Arathihochland -> Wetlands (Achtung Allianzgebiet!) -> Ödland
Durch die Brennende Steppe geht es aber auch.

Noch eine Frage, wieso sollte man einen Key benötigen?
Und wieso schreibst du es in das Berufe-Forum?


----------



## shambler (15. Juli 2007)

berufe forum`? weil der drachenlederer-guru im ödland sitzt

also beim loch modan komm ich nicht durch, weil der vor dem tunnel einen schlüssel verlangt.. und in der brennenden steppe hab ich auch das ganze gebirge nach einem durchgang abgesucht - vergeblich


hab nützliche infos gefunden.. danke:

http://forum3.ingame.de/wow/showthread.php...goto=nextoldest


----------



## Mondenkynd (22. Juli 2007)

shambler schrieb:


> berufe forum`? weil der drachenlederer-guru im ödland sitzt
> 
> also beim loch modan komm ich nicht durch, weil der vor dem tunnel einen schlüssel verlangt.. und in der brennenden steppe hab ich auch das ganze gebirge nach einem durchgang abgesucht - vergeblich
> hab nützliche infos gefunden.. danke:
> ...



Tunnel mit Schlüssel für Loch Mordan nach Ödland? Welches WoW spielst du denn? 

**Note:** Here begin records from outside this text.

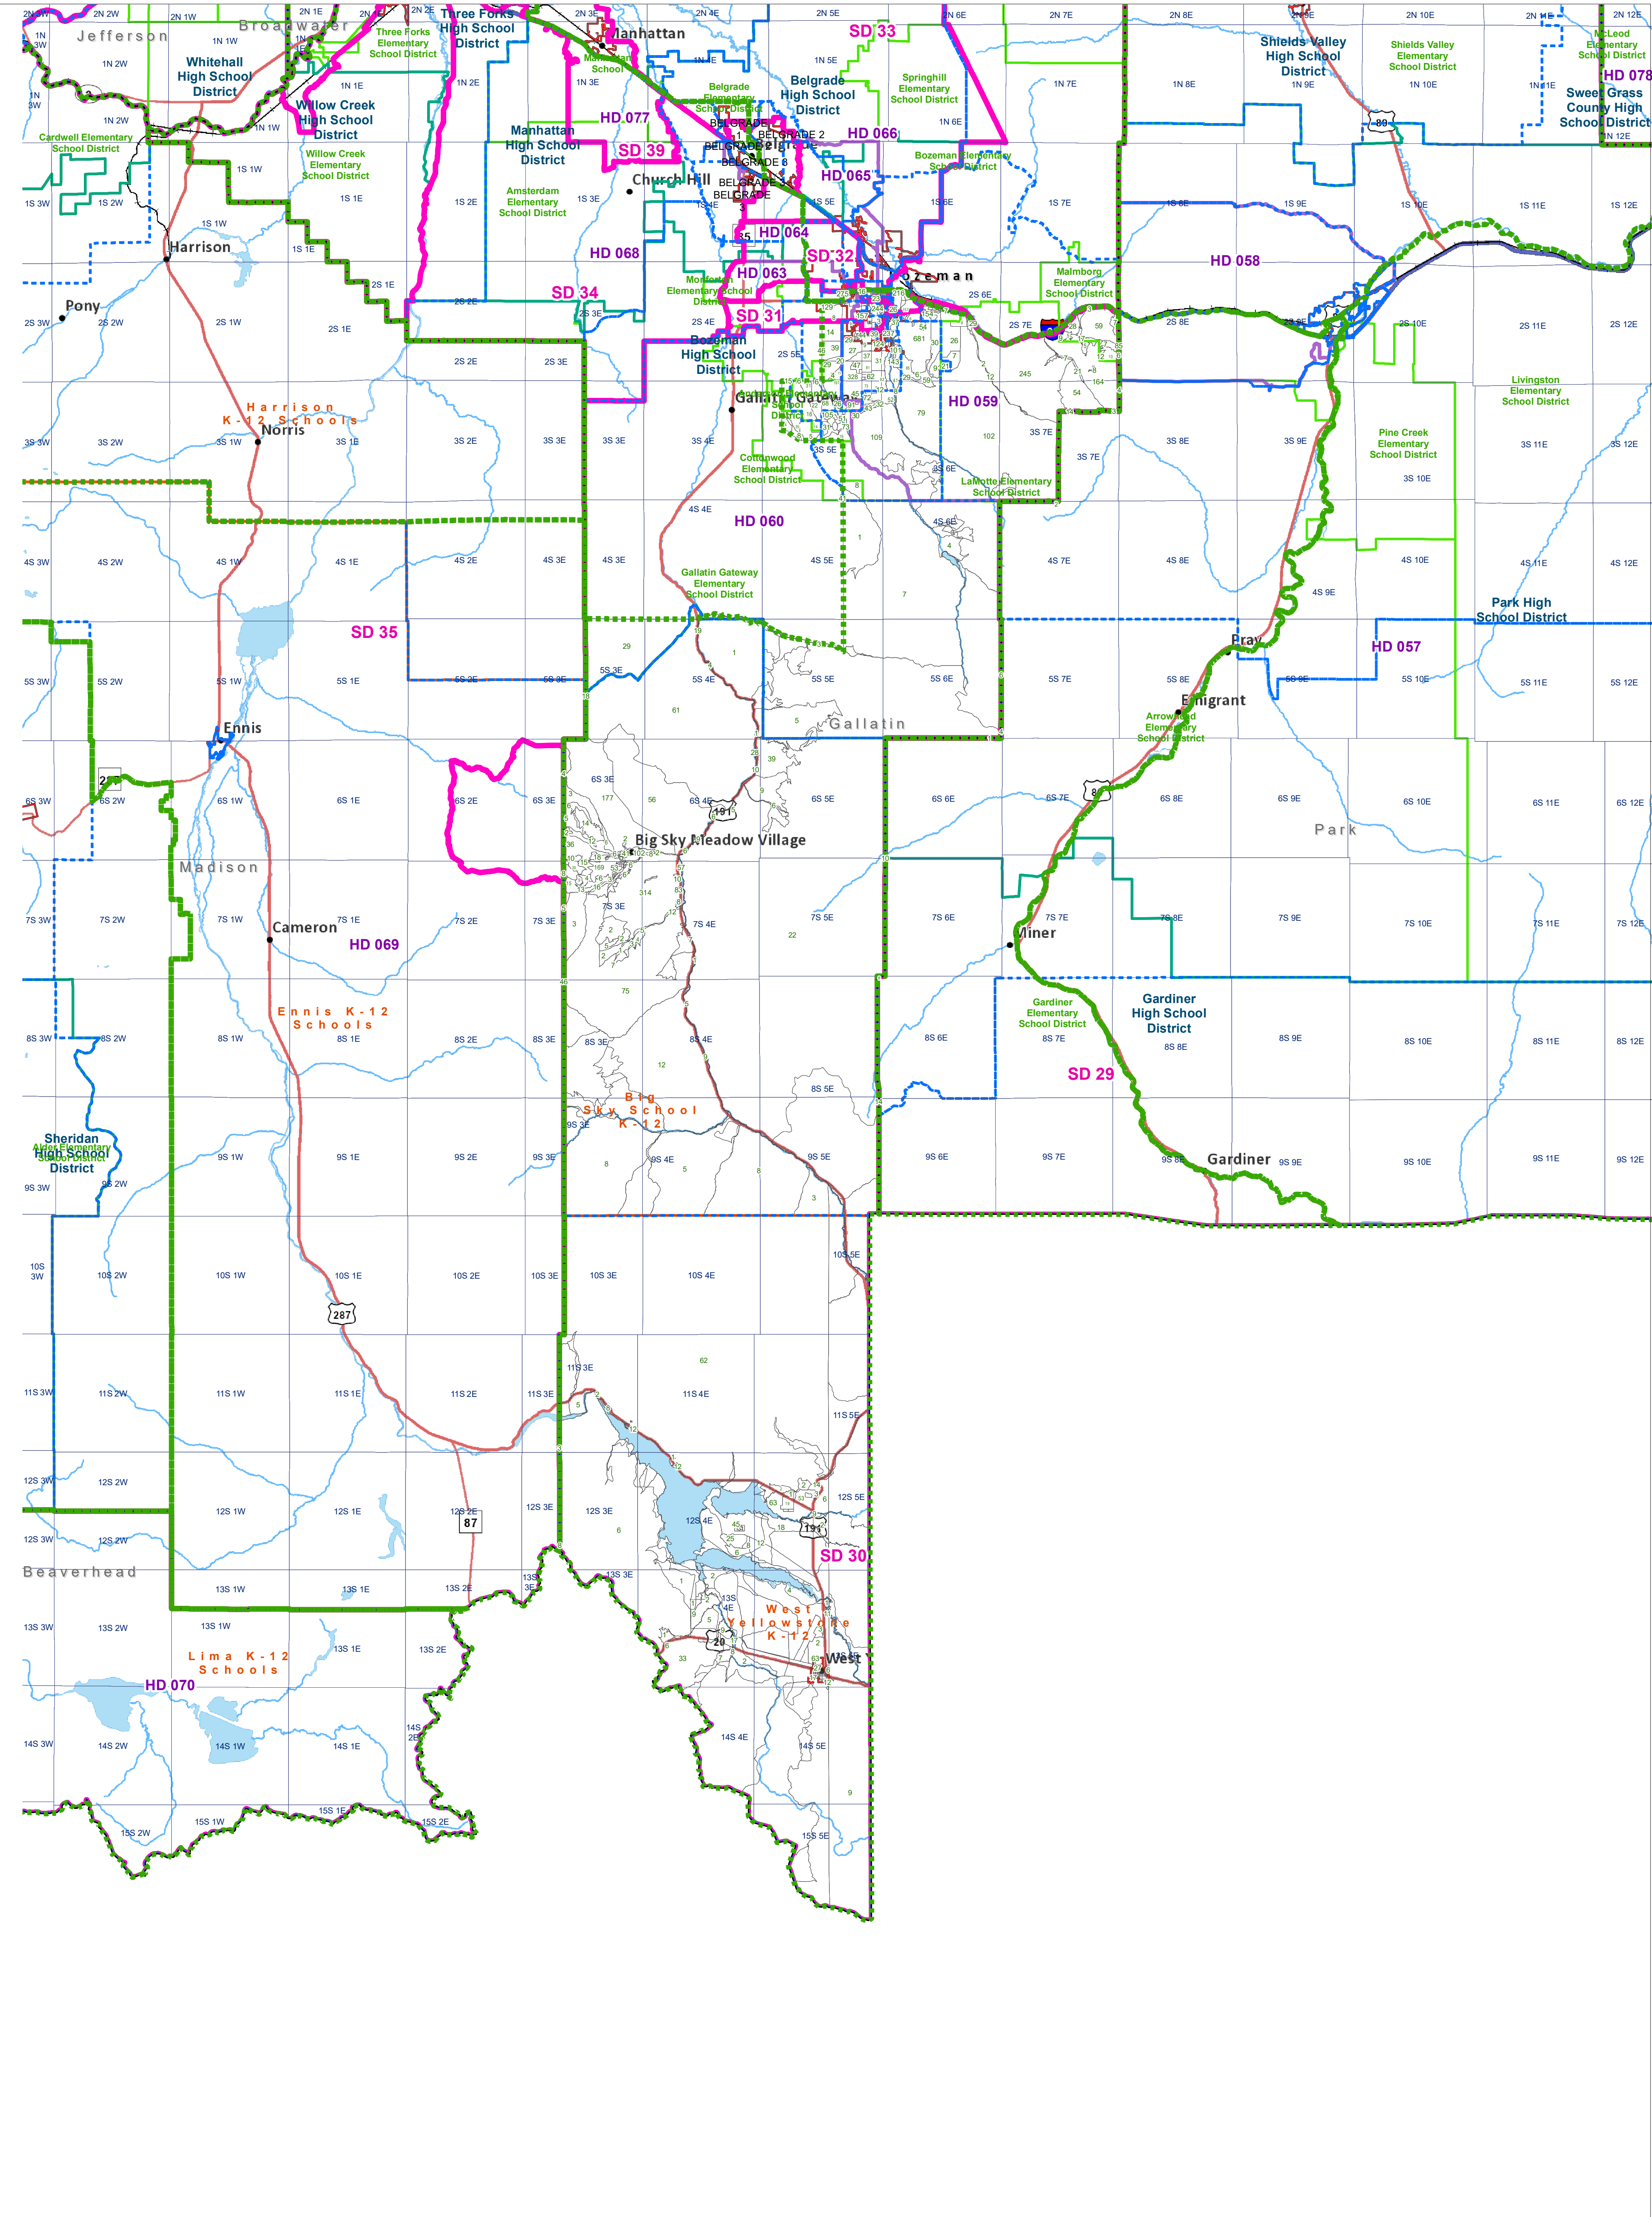

Gallatin - 1

County Commissioner Districts with 2020 Census Blocks

Total Population: 37,348

- County Commissioner Districts
- Voting Precincts
- Secondary School Districts
- Incorporated Cities and Towns
- Township Boundary
- Senate
- Elementary School Districts
- Wards
- Tribal Nations Reservations
- House
- Unified (K-12) School Districts
- 2020 Census Blocks with Total Population Labeled

Voting Precincts
 Montana State Library
 Created on 3/9/2023
 Meghan Burns | GeoEnabledElections@mt.gov
<https://geoenabled-elections-montana.hub.arcgis.com/>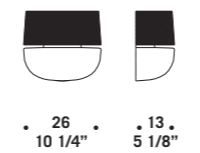

DOME S38
19W 1950lm
LED 2700K CRI90

DOME S38-45
19W 1950lm
LED 2700K CRI90

DOME S50
27W 2520lm
LED 2700K CRI90

DOME P38
19W 1950lm
LED 2700K CRI90

DOME P50
27W 2520lm
LED 2700K CRI90

DOME A26
12,5W 1260lm
LED 2700K CRI90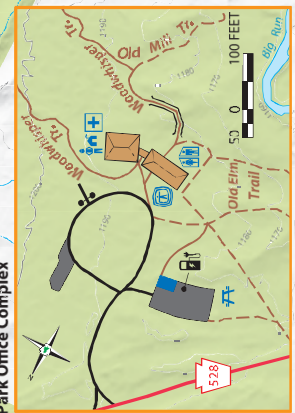

MT. UNION UNMANNED WATER

SWAMP SECTION AID STATION

UPPER 528 AID STATION

START / FINISH

50-MILE COURSE MAP (MORAINE)

- TRAIL INFORMATION**
- Hiking Trail
 - Multi-use Trail Hiking & Bicycling (as indicated)
 - North Country Trail
 - Wilderness Area
 - Power Walk case Trail
 - Trail with Mile Markers
 - Hiking, Bicycling
 - Mountain Biking
 - Cross-country Skiing
 - Snowshoeing
 - Backpacking Shelter
 - Trail of Geology
- Facilities & Amenities**
- Wind Surfing Area
 - Stading
 - Ice Skating
 - Developed Fishing Access
 - Fishing Pier
 - Marina
 - Boat Fuel
 - Boat Rental
 - Boat Launch & Mooring
 - Hand-carry Boat Launch
 - Electric Vehicle Charging Station
 - Unpaved Road
 - Joint Use Road
 - Auto/Gro/Mobile
 - Gate
 - Parking Paved
 - Parking Unpaved
 - State Park No Hunting
 - State Park Hunting
 - State Park
 - Archery Hunting
 - No Fishing
 - No Hunting, Fishing or Trapping
 - CONTOUR INTERVALS
- Other Amenities**
- Park Office
 - Blue Symbols Mean ADA Accessible
 - Public Phone
 - Historic Site
 - Modern Restrooms
 - Shower House
 - Restrooms
 - Modern Cabins
 - Organized Group Tenting
 - Food Concession
 - Ball Vending Machines
 - Picnic Pavilion
 - Picnic
 - Scent View
 - Playground
 - Disc Golf
 - Bike Rental
 - Beach

JENNINGS ENVIRONMENTAL EDUCATION CENTER

BUTLER COUNTY

JENNINGS AID STATION

- Park Office
- Blue Symbols Mean ADA Accessible
- Building
- Education Center and Classroom
- Wayside Exhibit
- Historic Site
- Self-guided Trail
- Modern Restrooms
- Non-flush Restrooms
- First Aid
- Picnicking
- Picnic Pavilion
- Hiking Trail
- Paved Trail
- North Country National Scenic Trail
- Cross-country Skiing
- Recommended
- Bridges
- Gate
- Parking
- ADA Accessible
- Paved
- Unpaved
- Electric Vehicle Charging Station

- State Park No Hunting
 - State Park Hunting
 - State Park Special Regulation Hunting, Archery and Shotgun-Birdshot Only
 - Prairie Ecosystem
 - Wetlands
- CONTOURS ARE ON 20 FT. INTERVALS

50K AND 50 MILE COURSE (JENNINGS)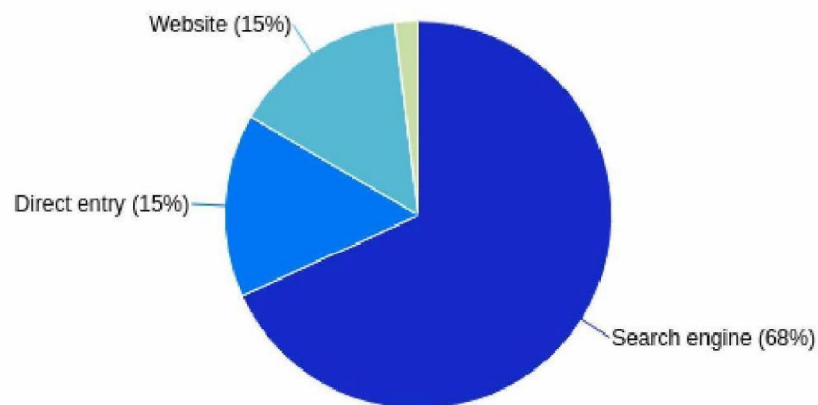

'Populaire' paginatitels rond Coronavirus

This report shows only partial data (filter for event custom variable value 2 have been set)

Selected segment		Date range							
All visitors		17 November 2020 - 17 November 2020							
Page title	Page views			Sessions			Bounce rate		
	17-11-2020 - 17-11-2020	16-11-2020 - 16-11-2020	% change	17-11-2020 - 17-11-2020	16-11-2020 - 16-11-2020	% change	17-11-2020 - 17-11-2020	16-11-2020 - 16-11-2020	% change
	1.107.533	568.403	+94,85%	558.215	288.103	+93,76%	59,22%	59,51%	-0,48%
Persconferentie coronavirus 17 november in eenvoudige taal |	105.353 9,51%	0 0%	-	92.497 16,57%	0 0%	-	61,05%	No data	-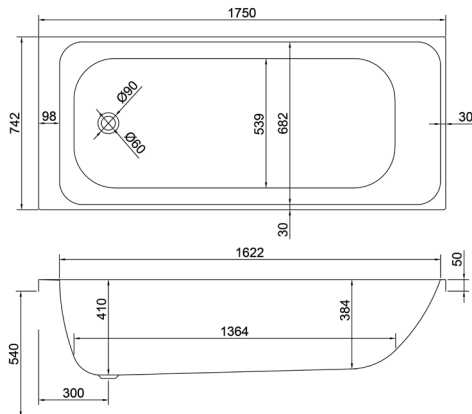

1750

carron5

1750 x 750mm H540mm D410mm

264 LITRES

Variant	Product Code	Price
Bathtub	Q4-02591	£617
Front Panel	Q4-02601	£173
End Panel	Q4-02289	£122
CARRONITE L Shape Panel	Q4-02502	£439

carronite™

1750 x 750mm H540mm D410mm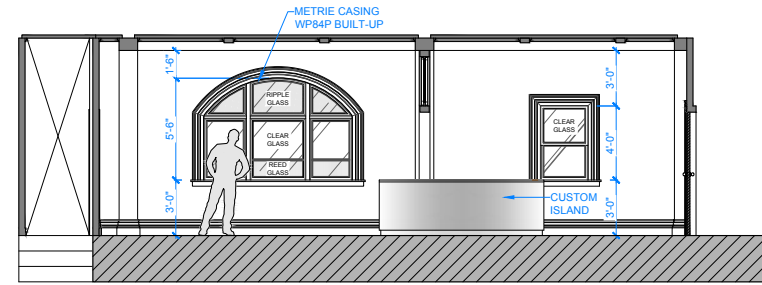

E SECTION
SCALE 1/4"=1'-0"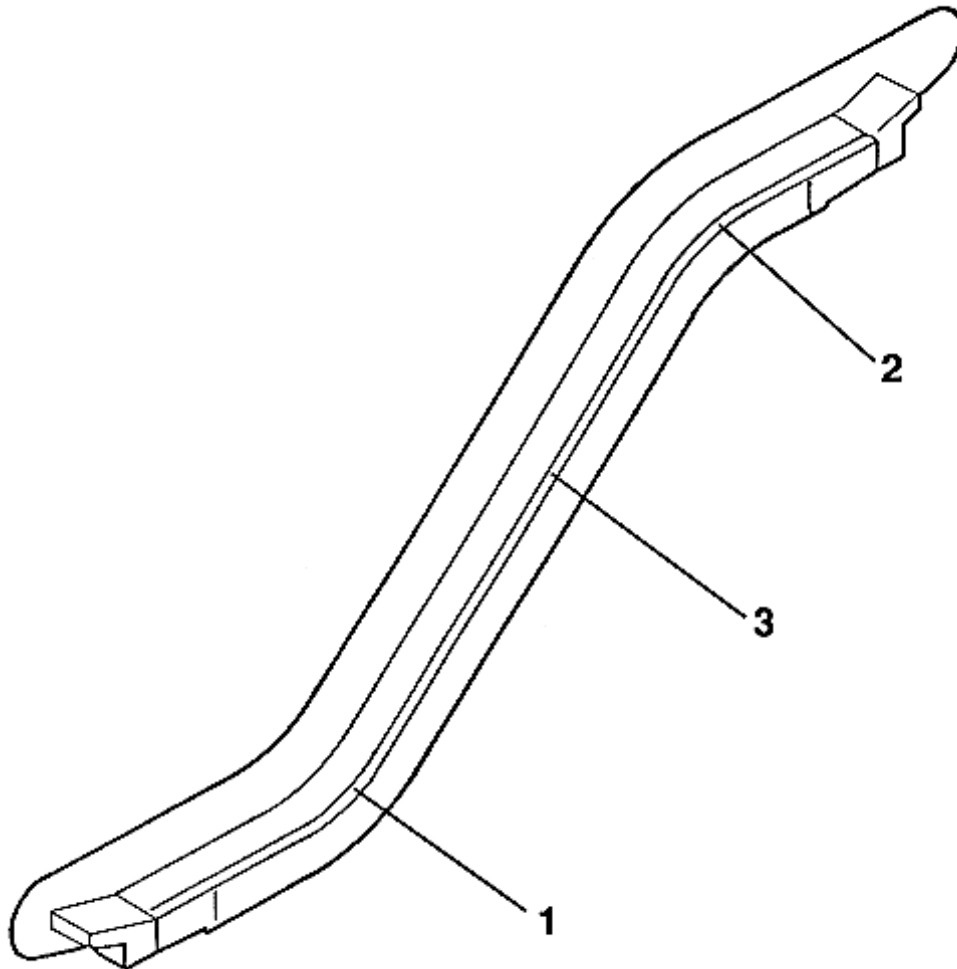

Page 6 - INTERIOR DECKING

VINTAGE R 01			
REF. No.	PART OR ML	DESCRIPTION	FINISH
1	YXGO402BAS1	Inner Decking Profile, Left hand	
	YXGO402BAS2	Inner Decking Profile, Right hand	
2	YXGO402BAT1	Inner Decking Profile, Left hand	Stainless
	YXGO402BAT2	Inner Decking Profile, Right hand	Steel
3	YXGO402BAR-V1	Inner Decking Profile, Left hand To be cut according to the dimensions	
	YXGO402BAR-V2	Inner Decking Profile, Right hand To be cut according to the dimensions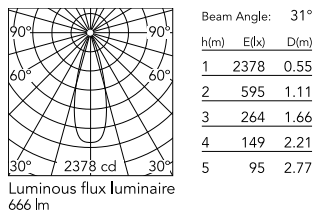

Physical

Colour	Bronze
Orientation	Fixed
Recessed depth (mm)	102
Bezel diameter (mm)	49
Spot diameter (mm)	49
Length (mm)	49
Net weight (kg)	0.12
Package height (mm)	90
Package width (mm)	140
Package length (mm)	105
IP internal	20
IP external	54

Schematic light drawing

Photometric

Lighting type	Direct
Light distribution	Symmetric
CCT (K)	2700
CRI>	90
McAdam steps (SDCM)	2
Rf fidelity index	91
Rg gamut index	100
LED Life / Failure Ratio	L90B10>33.000h Tc=85°C
Beam angle C0-180 (°)	31
Beam angle C90-270 (°)	31
UGR _L	<10

Vom Loch Mordan gibts Westlich einen Durchgang der an Uldaman vorbeiführt und da braucht man deffinitiv keinen Schlüssel für. Wenn du zum Drachenleder willst solltest aber auch Lvl.-Angemessen im Ödland gewesen sein und deinen Flugpunkt gesichert haben. die Q. sind easy.


----------



## razaik (22. Juli 2007)

da geht´s zum Ödland. glaub ich  


			Dieser Inhalt steht nur eingeloggten Mitgliedern zur Verfügung.
        






			Dieser Inhalt steht nur eingeloggten Mitgliedern zur Verfügung.


----------



## Guernica (23. Juli 2007)

shambler schrieb:


> berufe forum`? weil der drachenlederer-guru im ödland sitzt
> 
> also beim loch modan komm ich nicht durch, weil der vor dem tunnel einen schlüssel verlangt.. und in der brennenden steppe hab ich auch das ganze gebirge nach einem durchgang abgesucht - vergeblich
> hab nützliche infos gefunden.. danke:
> ...



Der Tunnel führt in die Sengende Schlucht ;-)


----------



## SonGokuKid (23. Juli 2007)

razaik schrieb:


> da geht´s zum Ödland. glaub ich
> 
> 
> Dieser Inhalt steht nur eingeloggten Mitgliedern zur Verfügung.
> ...



Das ist der Durchgang zum Ödland.^^


----------